Stored dataset items:

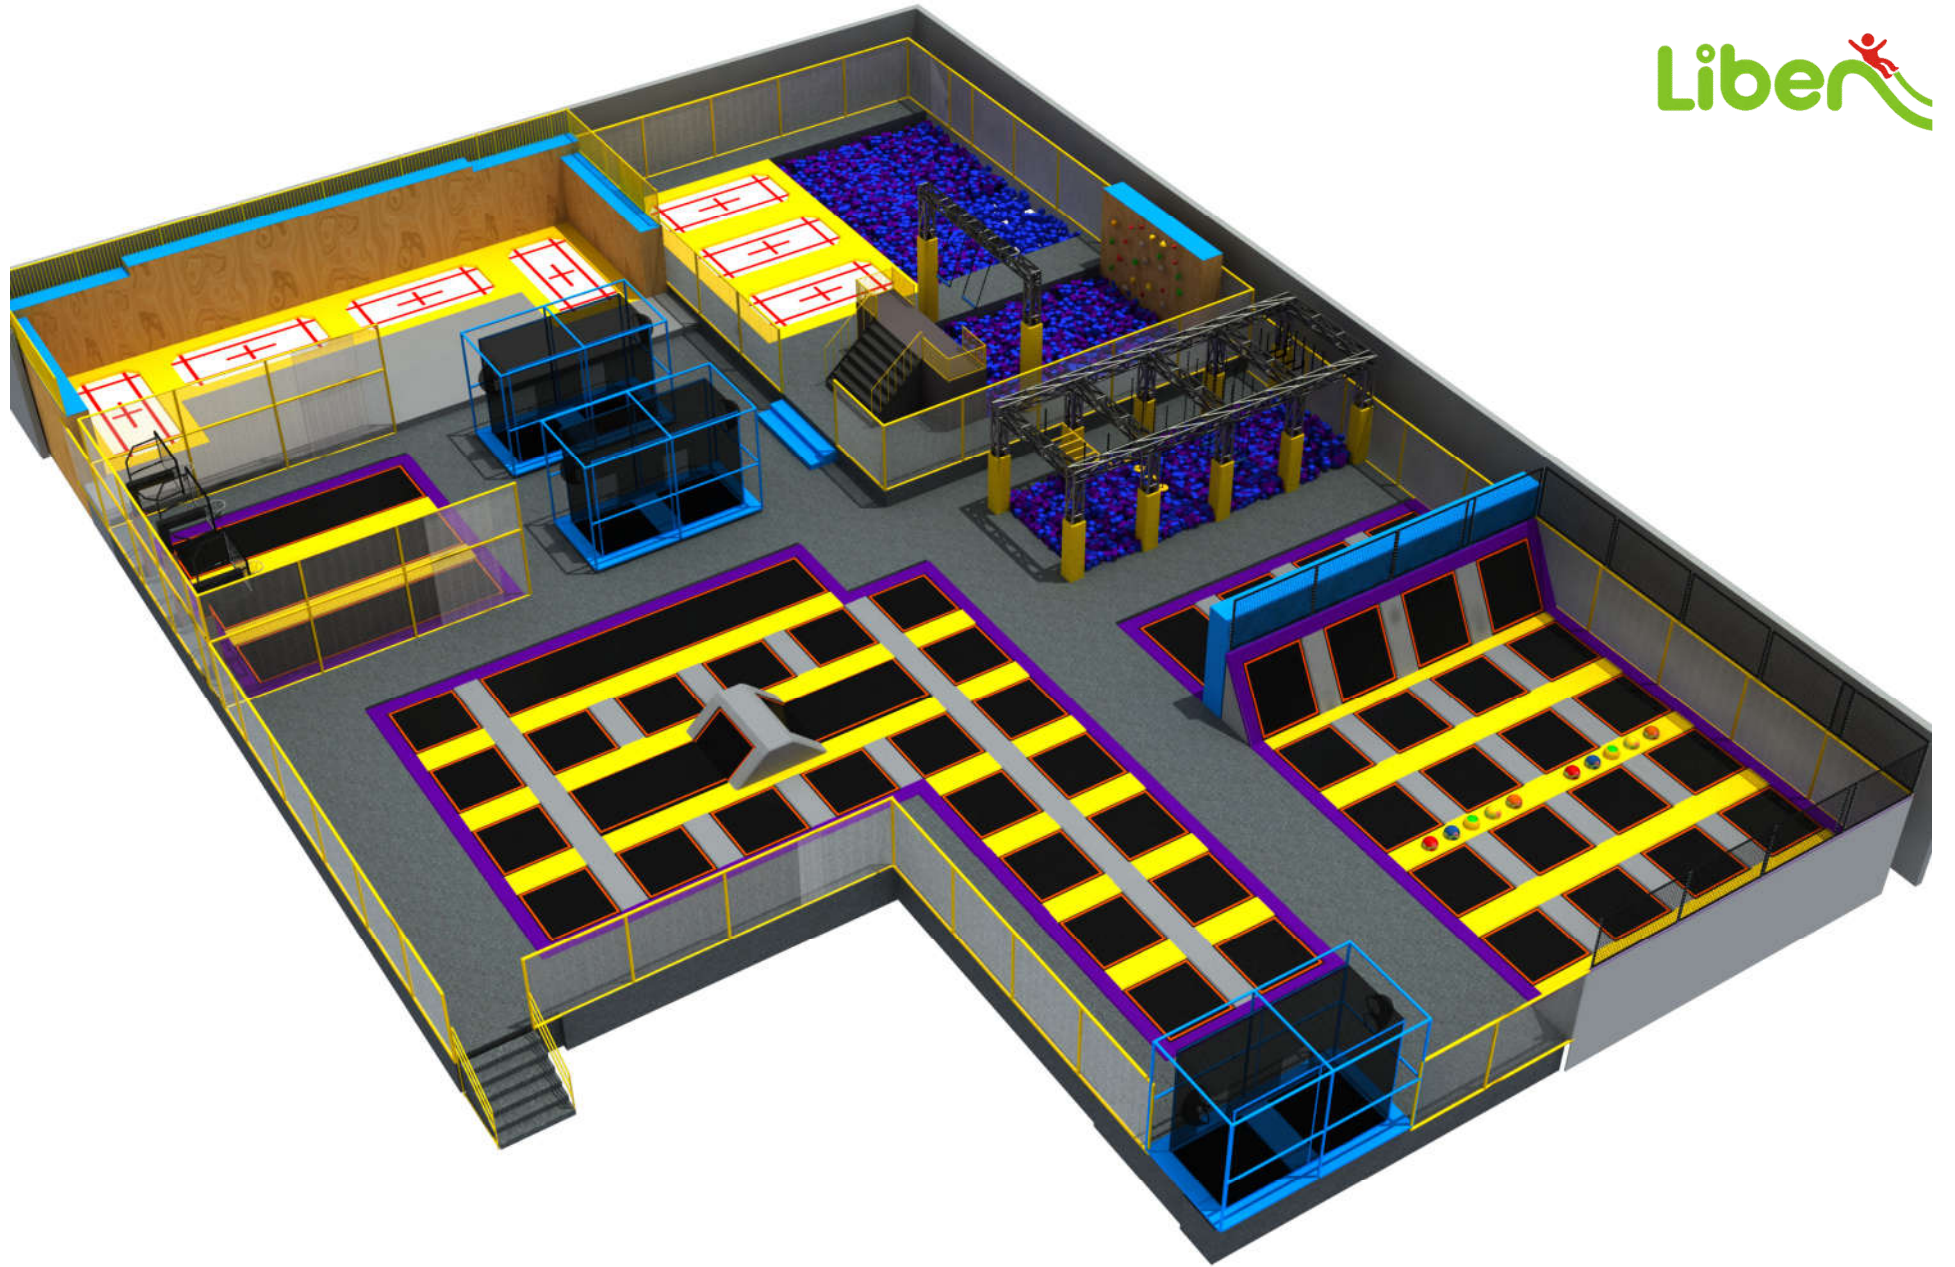

Mats

黑色 RAL4003
黄色 RAL1021
蓝色 RAL5005

No. 5.LE.B8.706.263.04 Size 40.8*28.9*6m Design Garrick
Remarks: Pictures for reference only. All rights reserved by Liben.

General Information
Top View

9. Swing play

1. Free Jump area

2. Slam dunks

8. Magic wall

3. Pro-trampoline

7. Ninja Warrior Course

6. Dodgeball

5. Cageball

4. Olympic jump & foam pits

What needs to be done:
In the entries, find the line containing "7. Ninja Warrior Course" and output it and all remaining lines exactly.

The answer:
7. Ninja Warrior Course

6. Dodgeball

5. Cageball

4. Olympic jump & foam pits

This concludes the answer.